Hello,
About 4 years ago, my employer created a Head of Department role and solicited internal applications. The job description fitted my experience almost exactly as though it had been written with me in mind (it wanted external experience of a certain type which only I had and a specific scientific higher degree in the subject which I had). Three people within the department applied and the job was given to my colleague who had none of the external experience nor has a higher degree in any subject although he had managed people before. The reason given was my lack of line-management experience and it was suggested that I should do an MBA. I considered this at the time as a ‘sweetener’ for not being promoted and it seemed a sensible suggestion to help fill my skillgap. The company also gave me 2 staff to manage at the same time. It was also verbally pointed out that the fees overall were not hugely more expensive that our per-capita training budget (£2000/person/annum).

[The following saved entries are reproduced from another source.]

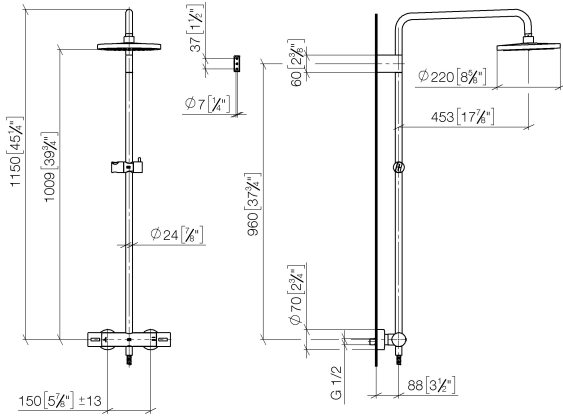

Showerpipe with shower thermostat - Chrome

IMO

ST 050 305 1979

Fits: IMO, LULU, TARA, LISSÉ, VAIA, META, CYO

- shower with fixed riser projection 453mm
- Rain shower: PURE RAIN, max. flow rate 7 l/min (at 3 bar)
- rain shower Ø 220 mm
- rain shower with anti-scale system
- Hand shower: COMPACT RAIN, max. flow rate 15 l/min (at 3 bar)
- spray head Ø 100mm
- rotary diverter with volume control and shut-off function
- slide-on rosettes Ø 70 mm
- height of fittings up to rain shower (bottom edge) 1009mm
- height of fittings up to top edge of elbow 1150mm
- gauge 150 mm - 13 mm
- metal shower hose 1750mm with integrated anti-twist protection
- 1/2" connection
- slide bar
- Pipe diameter 23.5 mm

Required miscellaneous

	Hand shower FlowReduce - Chrome	28 018 979-00 0010
--	--	-----------------------

Showerpipe with shower thermostat - Chrome

IMO

ST 050 305 1979

ST 050 305 1979

mm [inches]
1:10

Flow rate chart

Certificates

DVGW_DW-6509DN0123. Belgaqua_21-032-27_5. WRAS_2204013. LGA_38737.

ST 050 305 1979

Spare parts list

No.	Item Number	Name	Quantity used	Delivery time
1	90 12 05 092 20-00	shower	1	10
2	09 23 01 039 90	sieve	1	2
3	90 28 22 348 00-00	pipe	1	10
4	90 17 11 150 00-00	holder	1	10
5	90 28 22 349 00-00	pipe	1	10
6	04 17 01 250 00-00	connection	1	10
7	90 17 33 015 00-00	handle	2	10
8	90 14 20 026 00 90	seal	1	2
9	12 570 970-00	Slide unit - Chrome	1	10
10	28 322 970-00	Metal shower hose 1/2" x 3/8" x 1750 mm - Chrome	1	2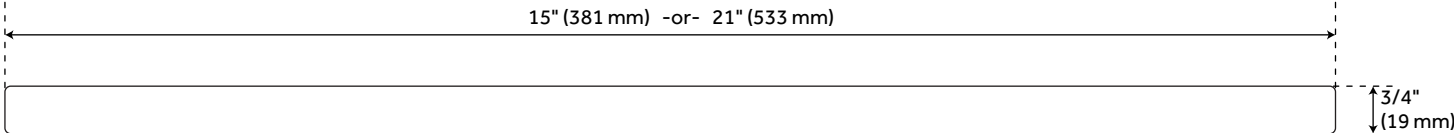

AVIGNON SOLID BRASS APPLIANCE PULL

SKU: 949197

All dimensions and specifications are nominal and may vary. Use actual products for accuracy in critical situations.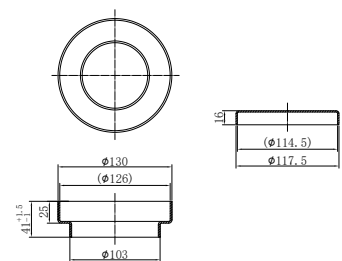

NRFW005BZ

130mm Round Tile Insert Floor Waste 100mm Outlet Brushed Bronze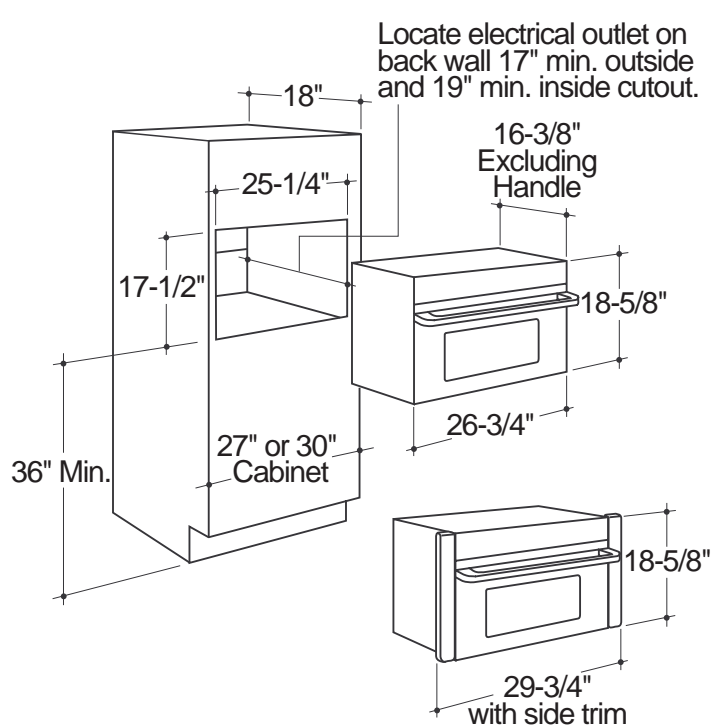

Profile Performance Series™

JEB1095BB - GE Profile Performance™ 1.0 Cu. Ft. Built-In Microwave/Convection Oven

Cut-Out and Dimensional Information (in inches)

Note: Wall oven dimensions shown are for 27" single ovens. 30" Trim Kit Accessory Included.

Note: Requires 120V electrical outlet.

Installation Information:
This information is not intended to be used for installing unit described. Before installing, consult installation instructions packed with product/kit for current dimensional data.

Features and Benefits

- 1.0 cu. ft. Oven Capacity
- 800 Watts[®]
- Sensor Cooking Controls for Popcorn, Cook, Reheat and Beverage Pads
- Combination Cook and Roast (Probe)
- Convection Cook
- Electronic Digital Display With Clock
- Time Cook I & II
- Express Cook with Instant On Controls
- Add 30 Seconds
- Auto Defrost / Time Defrost
- Temperature Cook / Hold (Probe)
- 10 Power Levels
- Delay / Start Reminder
- Minute Pad
- Kitchen Timer (99-Min./99-Sec.)
- 5 Stage Program Cooking
- Variable Beeper Volume
- Model JEB1095WB - White on white
- Model JEB1095BB - Black on black
- Model JEB1095SB - Stainless steel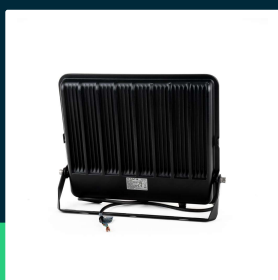

200W LED floodlight SMD SAMSUNG CHIP 1m wire black body grey frosted glass 6500K

SKU 23444 EAN 3800170219793 VT-44204

Related products (SKUs): 23601, 23602, 23603

TECHNICAL SPECIFICATION

Power	200W	Material	Aluminium	Efficacy (lm/W)	90 lm/W
Luminous flux (lm)	17540 lm	Housing color	Black	ETIM	EC001959
Light color	Cool white	Type	PRO SERIES 100Lm/W	CN code	8539 52 00
Color temperature	6500K	Dimming	NIE	EPREL	1855740
Beam angle	115°	IP rating	IP65		
Voltage	230V	Operating conditions	-20° +45°		
SKU	SKU 23444	Size	402.5x44x349.5mm		
EAN barcode	3800170219793	Product weight	3,12		
Product code	VT-44204	Volume	0,009564		
Series	PRO SERIES 100Lm/W	Pack length	405mm		
Energy class	F	Pack width	49mm		
Base	Integrated LED fixture	Pack height	355mm		
LED module type	SAMSUNG	Master carton	2		
Lifetime	25000h	Brand	V-TAC		
Input voltage	AC:220-240V, 50/60Hz	Warranty	5y		
CRI	70+	Certifications	CE, EMC, ROHS		

**200W LED floodlight SMD SAMSUNG CHIP 1m wire black body grey frosted glass 6500K**

SKU 23444 EAN 3800170219793 VT-44204

Related products (SKUs): 23601, 23602, 23603

Product description

- High light efficiency
- SAMSUNG Chip
- 5-year warranty
- Connection cable 1 meter
- Durable aluminum construction resistant to corrosion
- IP65
- Total luminous efficacy 100lm/W, flux at the given beam angle given in the detailed specification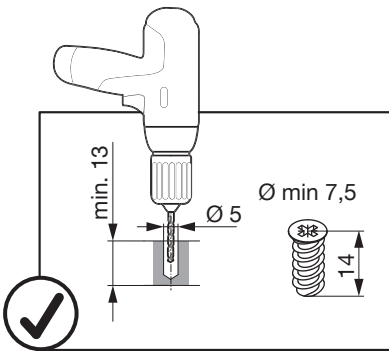

Snello Libell Comfort

Base unit extension for 300 mm wide units

DESCRIPTION	NOVER CODE	PEKA CODE
SNELLO LIBELL BASE UNIT PULL-OUT 300 WHITE	954061	200.2444.01
SNELLO LIBELL BASE UNIT PULL-OUT 300 ANTHRACITE	954062	200.2444.43

<p>1x</p> <p>950.0528.MA</p>	<p>1x</p>	<p>1x</p>	<p>1x</p>	<p>Libell</p> <p>2x</p>
------------------------------	-----------	-----------	-----------	-------------------------

1

2

3

! For Snello "Push to Open" see instructions for product code 954157

I did, however, have to sign a training fees contract saying that I would be liable for repayment should I leave the company before completion or within 2 years of completion. I do know that the money (paid to the OU) came out of our internal training budget.

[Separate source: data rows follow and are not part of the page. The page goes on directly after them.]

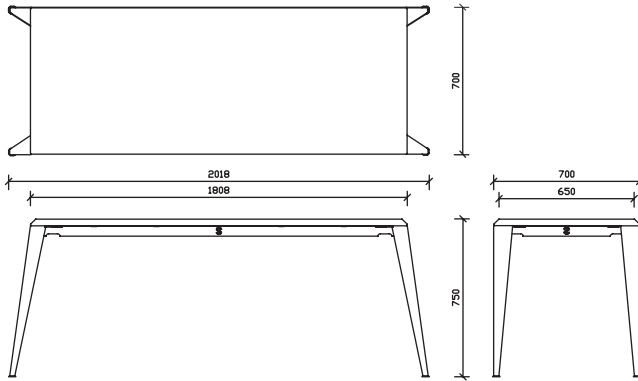

- **FibreGuard™ Upholstery Materials**

[colour & texture selection available]

- **Size**

Chair : 762mm (h) | 422mm (w)

Seat: 350mm (w) | Foot Rest: 242mm (h)

Elemento Desk

Get to work and get things done with a generous and sturdy table. A contoured table edge adds style and comfort, paired with sophisticated lines and durable materials.

- **Mild Steel Legs**

[colour selection available]

- **Table Top**

[material selection available]

- **Size**

Desk : 750mm (h) | 700mm (d) | 2018mm (w)

Top: 650mm (d) | 1808mm (w)

Tekton Range

- **Mild Steel Frame and Drawers**
[colour selection available]
- **Top Material**
[mild steel / solid wood / stone]
- **Drawer Liner**
[cork / leather / felt]
- **Size** 919mm (h) | 1200mm (w) | 600mm (d)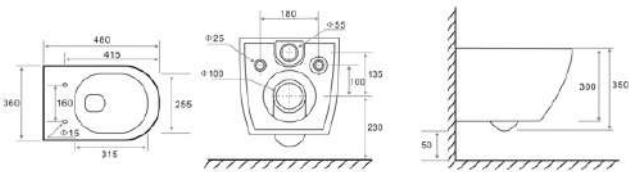

SOHO Whirlflush Serie Compact

Brilliant White | Compact | Art.-Nr. WC2050TSW | €549,-

- Tiefspül WC mit waagrechttem Abgang
- Ohne U-Unterspülrand mit Spritzwasserschutz
- Patentierte Spültechnik
- Hochwertige Nano-Beschichtung
- Inkl. WC Sitz aus Duroplast mit Metallscharniere (Ultra Slim WC Sitz)
- Maße: 530 x 355 x 350 mm (B x T x H)

- Washdown toilet with horizontal outlet
- Without U-undersink rim with splash protection
- Patented flushing technology
- High quality nano coating
- Toilet seat made of Duroplast with metal hinges (ultra slim toilet seat)
- Dimensions: 480 x 255 x 350 cm (d x w x h)

I have just resigned with 6 months of the course to go and the company want me to repay the full £12,000.
I have several issues:
- The course was offered in the aftermath of not being promoted due to lack of management experience.
- This was a job for which I was very well suited which was given to someone who didn’t meet many of the criteria stated in the job description.
- I signed the contract in the absolute belief that I would not leave the company for years to come
- Since then, the company has made redundancies, people have taken the company to court (and won) for unfair dismissal, a senior manager has asked if I have mortgage protection and so the company is not the stable and happy place to work that it was when I signed the contract
- Furthermore, the company is just in the final stages of being bought (company shares have been bought back) and it is not known what impact this will have on staff.
- Therefore, I decided to look for a Plan B and was offered a job too good to refuse.
Is there anything I can do? Is the fact that they failed to promote me and then offered the MBA (was not my suggestion) to help fill missing expertise of any consequence? Does the fact the fees were assigned to the training budget mean anything? Does the fact that the company now has 100% new ownership mean anything?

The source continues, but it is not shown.